Illinois High Court Makes It Easier to Sue Under the Biometric Information Act
(January 25, 2019) The Illinois Supreme Court has made it easier for consumers to maintain a private cause of action for violating the Illinois Biometric Information Privacy Act (“Act”).
The court said that consumers do not need to show actual financial damages because violation of the Act is a “real and significant” injury in and of itself sufficient to maintain a private cause of action.
“When a private entity fails to adhere to the statutory procedures . . . ‘the right of the individual to maintain [his or] her biometric privacy vanishes into thin air. The precise harm the Illinois legislature sought to prevent is then realized,’” the court wrote in finding that a party need not show actual injury under the statute to sue.

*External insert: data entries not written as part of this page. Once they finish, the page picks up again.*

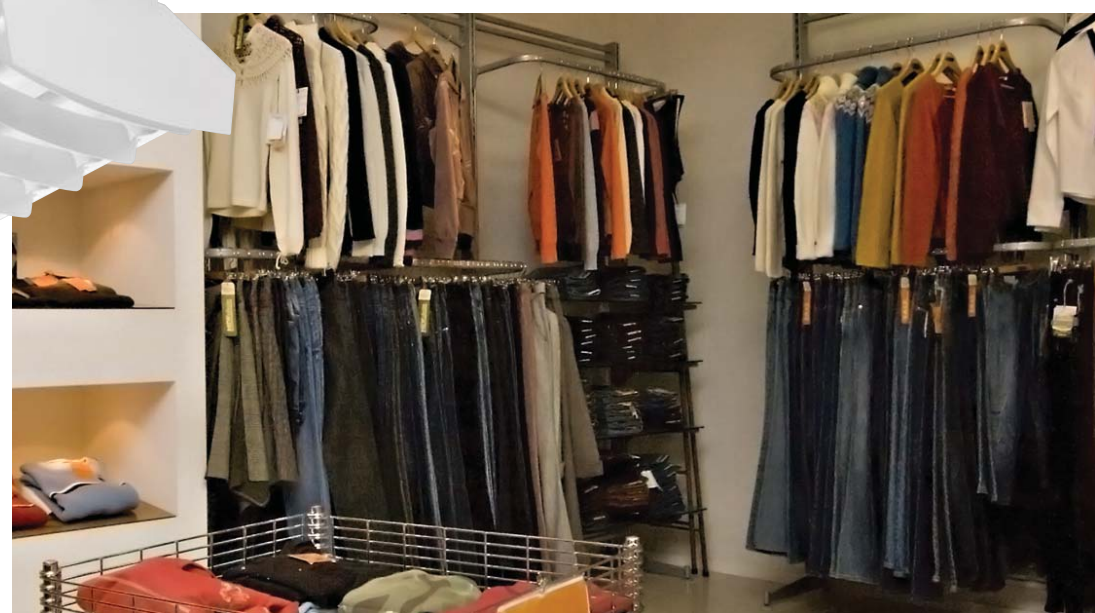

Striplights

Z Standard Strip

ZAL Aisle Lighter

Z Straight Blade Louver

SIMPLY THE EASIEST STRIP ON THE MARKET

The Z Series' innovative design was driven by the customer's need for versatility, speed and simplicity. With various reflector options and the choice of one or two, T5 or T8 lamps, the Z Series is a great solution for your application.

REFLECTORS OPTIONS & ACCESSORIES PACKAGING

- Symmetric
- Asymmetric
- Aisle (ZAL)
- Straight-blade louver , solid
- Straight-blade louver , perforated

- Wireguard: sturdy basket construction and easy access clips allow effortless relamping
- Z spring hanger: snap 'n' lock design requires no fasteners and can be used on T-grid ceiling or universal mounting systems
- Finishes available in white, black, galvanized and smoke gray

- Easy-open carton saves time by eliminating the need for a box cutter
- No loose parts spilling on the floor; all parts are shipped secure within the product

Illinois was the first, and is one of a handful of states, that regulates the collection and retention of biometric identifiers. The Illinois statute, unlike most other states, permits a private cause of action for violations.
The case arose in 2014 when a 14-year-old visited Six Flags Great America amusement park as part of a school trip. The family had purchased a season pass for him to pick up. As part of the process, his thumbprint was scanned and he received the annual pass. In order to enter the park, he had to place his thumb on a scanner. Neither the 14-year-old nor his parents were informed that fingerprinting was necessary to obtain the pass and no written release nor any explanation of how the fingerprints were to be used or stored was provided. The boy and his mother sued the amusement park under the statute. The trial court dismissed with prejudice parts of the case and the plaintiffs filed an interlocutory review regarding whether the biometric statute required actual damages.

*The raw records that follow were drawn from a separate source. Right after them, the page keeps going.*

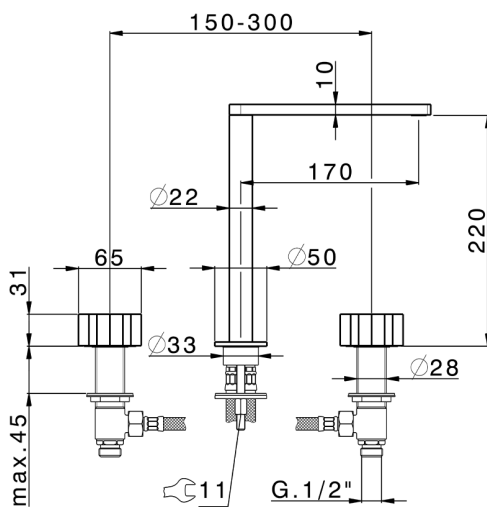

## 3 hole washbasin mixer MARBLE X32\_X6001040

MODEL **X6001040**

3 hole washbasin mixer, without automatic pop up waste, with marble handles, Inox AISI 316L

AVAILABLE FINISHINGS

**5X** 5X Brushed Stainless Steel/Marquina Black Ma

## 3 hole washbasin mixer MARBLE X32\_X6001040

X6001040

<https://en.cisal.it/3-hole-washbasin-mixer-marble-x32-x6001040>

2026-04-30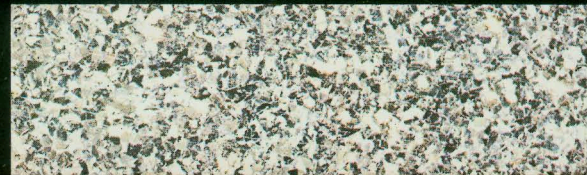

Illustrated in Chrome Steel

**4020 — Gretsch BROADCASTER
Drum Outfit**

Choice of finishes:

Pearl or Sparkle
Rosewood
Hand Polished Walnut
Peacock Satin Flame
Chrome Steel
Brass Steel

The Gretsch BROADCASTER includes:

Those Great Gretsch Colors

Warm rich woods, gleaming pearls, sparkles, and steels — the choice of top drummers and band directors.

Maple

Walnut

Peacock Flame

Gold Sparkle

Jet Black Nitron

Blue Sparkle

Chrome Steel

Silver Sparkle

Brass Steel

Red Sparkle

Black Pearl

Green Sparkle

White Pearl

Champagne Sparkle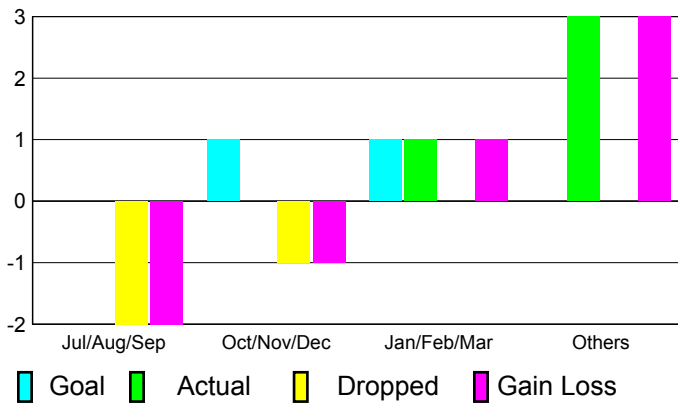

2010-2011 GMT Reports for District (or Undistricted) **District 2 E2**

GMT: **JOHN 'JACK' R FERGUSON** Location: **TEXAS**

GMT CA: **1**

CLUBS

Club Results
2010-2011

Clubs
2009-2010

Month	New Club Goal	Actual New Clubs	Actual Dropped Clubs	Gain/Loss of Clubs	Gain/Loss of Clubs
Jul/Aug/Sep	0	0	-2	-2	0
Oct/Nov/Dec	1	0	-1	-1	1
Jan/Feb/Mar	1	1	0	1	0
Apr/May/June	0	3	0	3	0
Totals	2	4	-3	1	1

Club Results 2010-2011

Goal, New, Dropped, Gain/Loss

Comparison of Club Gain/Loss

Current Year Compared to the Previous Year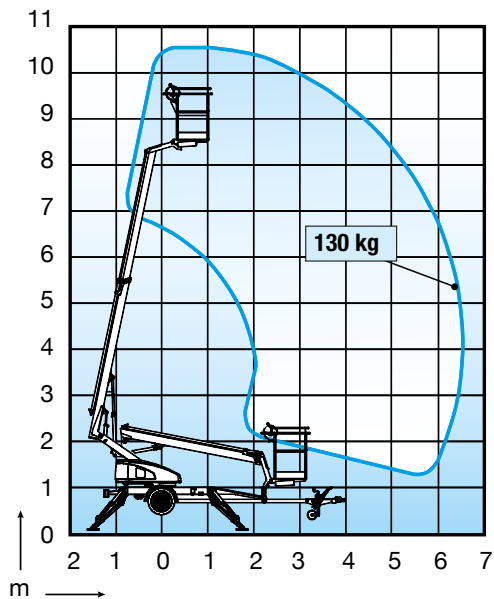

DINOLift
Up to the Job

DINO® TRAILERS

DINO TL Series

- Working height 10.5 m
- Telescopic boom
- Ultra-light, easy to transport

DINO 105TL

Standard features in DINO 105TL:

- Ultra-light, total weight only 950 kg (picture 1)
- Simple, easy to use (picture 2)
- Easy to maintain
- 1-person steel basket, capacity 130 kg (picture 3)
- Reliable and safe

Options available for DINO 105TL:

- Driving system (picture 4)
- Outrigger support indicator
- Extra outrigger plates 300 x 300 x 30 mm + bracket
- Lockable tool / harness box

Technical data

Max. working height	10.50 m
Max. platform height	8.50 m
Max. outreach	6.50 m
Support width	3.25 / 3.50 m
Lifting capacity	130 kg
Basket size	0.75 x 0.80 m
Boom rotation	+/- 355 °
Boom control	2-speed
Transport length	5.43 m
Transport width	1.50 m
Transport height	1.99 m
Weight	950 kg
Driving system	opt.
AC socket in the basket x 2	std
Electro motor	std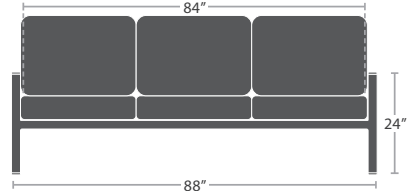

IPE WOOD OPTION (RAW - No sealant or oil)

42 lbs.

CLUB CHAIR SF-3203-101

MADE TO ORDER

70 lbs.

LOVESEAT SF-3203-102

MADE TO ORDER

100 lbs.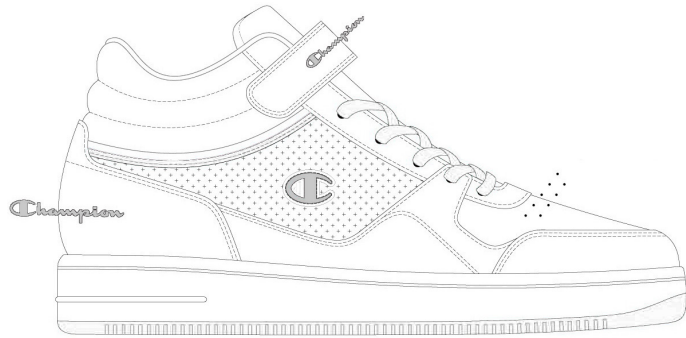

S11181 REBOUND MID

**WW001 TRIPLE WHT
C/O COLOR**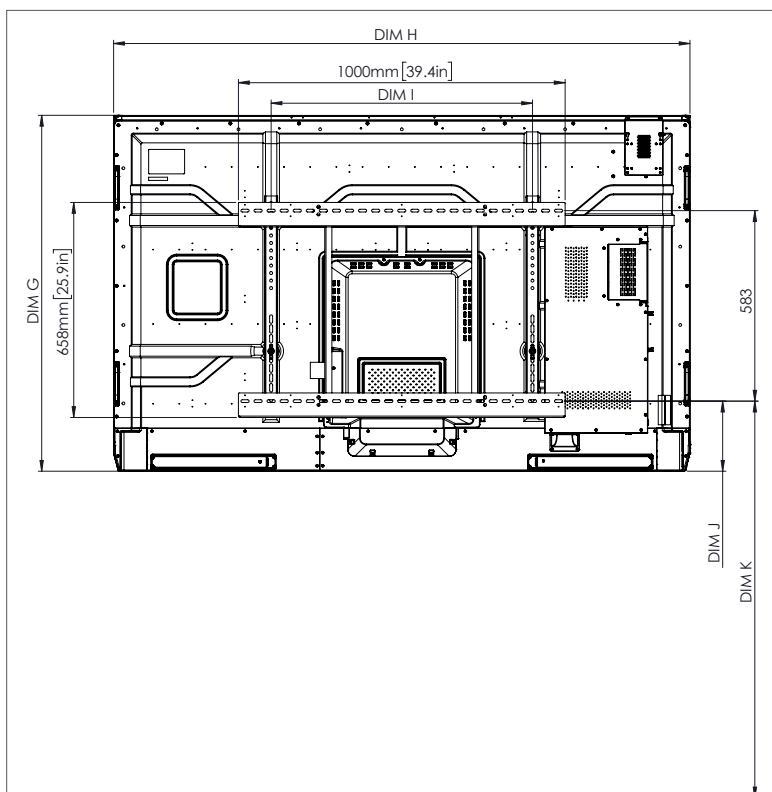

PHYSICAL SPECIFICATIONS

Panel Dimensions	70" 4K: 1668 x 1033 x 95 mm (65.7 x 40.7 x 3.7 in) 75" 4K: 1764 x 1089 x 109 mm (69.4 x 42.9 x 4.3 in) 86" 4K: 2014 x 1231 x 109 mm (79.3 x 48.5 x 4.3 in)
Packed Dimensions	70" 4K: 1796 x 1145 x 278 mm (70.7 x 45.1 x 11.0 in) 75" 4K: 1895 x 1200 x 278 mm (74.6 x 47.2 x 11.0 in) 86" 4K: 2140 x 1350 x 278 mm (84.3 x 53.1 x 11.0 in)
Net Weight	70" 4K: 53 kg (117 lbs) 75" 4K: 60 kg (132 lbs) 86" 4K: 75 kg (165 lbs)
Packed Weight	70" 4K: 75.5 kg (166.4 lbs) 75" 4K: 85.5 kg (188.5 lbs) 86" 4K: 101.6 kg (224.0 lbs)
Wall Mount Dimensions	1010 x 720 x 52 mm (39.8 x 28.3 x 2.0 in)
VESA Mount Point	70" 4K: 600 x 400 mm (23.6 x 15.7 in) 75" 4K: 800 x 400 mm (31.5 x 15.7 in) 86" 4K: 800 x 400 mm (31.5 x 15.7 in)

TECHNICAL DRAWINGS

70"

Front

DIM	DIMENSION (MM)	DIMENSION (IN)
A	1768	70.0
B	1541	60.7
C	867	34.1
D	1107	43.6
E	136	5.4
F	67	2.6
G	1033	40.7
H	1668	65.7
I	600	23.6
J Min	157	6.2
J Max	295	11.6
K Min	1157	45.6
K Max	1295	51.0
L	95	3.7

Back

Side

ActivPanel 2019-E Titanium SS 02/21 v1.6 EN

Page 3

TECHNICAL DRAWINGS

75"

Front

DIM	DIMENSION (MM)	DIMENSION (IN)
A	1894	75.6
B	1651	65.0
C	928	36.5
D	1103	43.4
E	133	5.2
F	67	2.6
G	1089	42.9
H	1764	69.4
I	800	31.5
J Min	214	8.4
J Max	352	13.9
K Min	1215	47.8
K Max	1353	53.3
L	109	4.3

Back

Side

TECHNICAL DRAWINGS

86"

Front

DIM	DIMENSION (MM)	DIMENSION (IN)
A	2176	85.6
B	1896	74.7
C	1067	42.0
D	1107	43.6
E	134	5.3
F	67	2.6
G	1231	48.5
H	2014	79.3
I	800	31.5
J Min	286	11.3
J Max	424	16.7
K Min	1286	50.6
K Max	1424	56.1
L	109	4.3

In its opinion, the court noted that Six Flags has retained the biometric identifiers, refused to disclose what was done with the information or how long it will be kept, and lacked any written policy available to the public that discloses a “retention schedule or guidelines for retaining and then permanently destroying biometric identifiers and biometric information.”

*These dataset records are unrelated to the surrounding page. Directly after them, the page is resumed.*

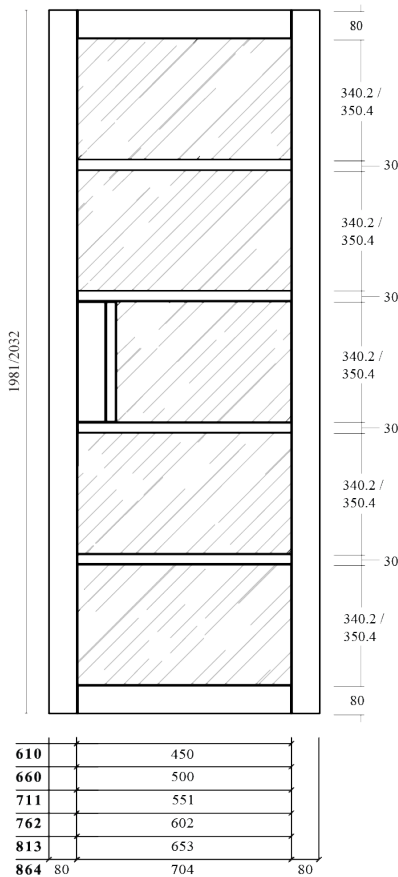

### Door Sizes

Product	Thickness mm	Width mm	Length mm	Width inch	Length inch
F018	44	610	1981	24	78
F019	44	660	1981	26	78
F020	44	711	1981	28	78
F021	44	762	1981	30	78
F022	44	813	2032	32	80
F023	44	864	2032	34	80

### Material Specification

<b>Construction</b>	Stile and Rail
<b>Stiles and Rails</b>	44mm Hardwood : Mindi, Radiata Pine
<b>Panels</b>	9mm MDF
<b>Outside Lipping</b>	13mm FJ Pine
<b>Face/Skin</b>	0.6mm Veneer; Poplar, Pine
<b>Dowel</b>	Hardwood
<b>Glazing Type (if applicable)</b>	Reeded 5mm Tempered Glass EN 12150-1
<b>Finishing</b>	Black UV 5 coats
<b>Glue (Face)</b>	UF (urea-formaldehyde adhesive)
<b>Wrapping</b>	Plastic Wrapped
<b>Pallet Quantity</b>	20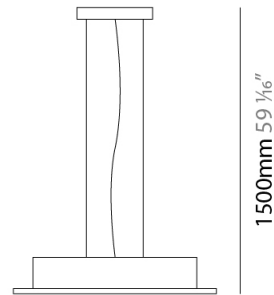

PROJECT
TYPE
SPECIFIER
QUANTITY
DATE

CONFORT SQUARE SUSPENSION

D41043-

base number   Finish
Options

1. To build a product code in our configurator select the specify button on the base model # product page
2. To build a manual product code on this datasheet choose from the options listed below in blue font and add the suffix to the base model #

GENERAL

Series: Confort
Subseries: Confort Square
Partner: Icone
Division: Design
Installation: Suspension
Product Type: Pendant
Mounting Location: Ceiling
Light Distribution: Direct

PHYSICAL

Shape: Square
Length (mm): 650
Length (in): 25 ⁹/₁₆
Width (mm): 650
Width (in): 25 ⁹/₁₆
Max. Overall Height (mm): 1500
Max. Overall Height (in): 59 ⁷/₁₆
Fixture Finish: WAM / WAN / WGF / WCL / WPW / BKA / BAN / BGL / BCL / BPW
Fixture Material: Aluminum

ELECTRICAL

Lamp Type: LED
Total Output Wattage (W): 54
Dimming: Electronic Low Voltage Dimming
Input Voltage (V): 120Vac Direct Line

LED

Number of LEDs: 12
Color Temperature (°K): 3000
Nominal Lumen (lm): 4200
CRI: >90 CRI
Lamp Life (hrs): 50000

OPTICAL

RATINGS AND CERTIFICATIONS

Certified By: Certified for North American Standards
IP rating: IP20

Six Flags argued that the plaintiffs failed to show that they were “aggrieved parties” and were required to have sustained actual injury or harm other than the statutory violation itself in order to sue. The court disagreed, finding the violation in itself “is sufficient to support the individual’s or customer’s statutory cause of action.”
The court found:
“When private entities face liability for failure to comply with the law’s requirements without requiring affected individuals or customers to show some injury beyond violation of their statutory rights, those entities have the strongest possible incentive to conform to the law and prevent problems before they occur and cannot be undone. Compliance should not be difficult; whatever expenses a business might incur to meet the law’s requirements are likely to be insignificant compared to the substantial and irreversible harm that could result if biometric identifies and information are not properly safeguarded; and the public welfare, security, and safety will be advanced. That is the point of the law. To require individuals to wait until they have sustained some compensable injury beyond violation of their statutory rights before they may seek recourse, as defendants urge, would be completely antithetical to the Act’s preventative and deterrent purposes.”
Stacy Rosenbach v. Six Flags Entertainment Corporation, Illinois Supreme Court No. 123186, issued January 25, 2019.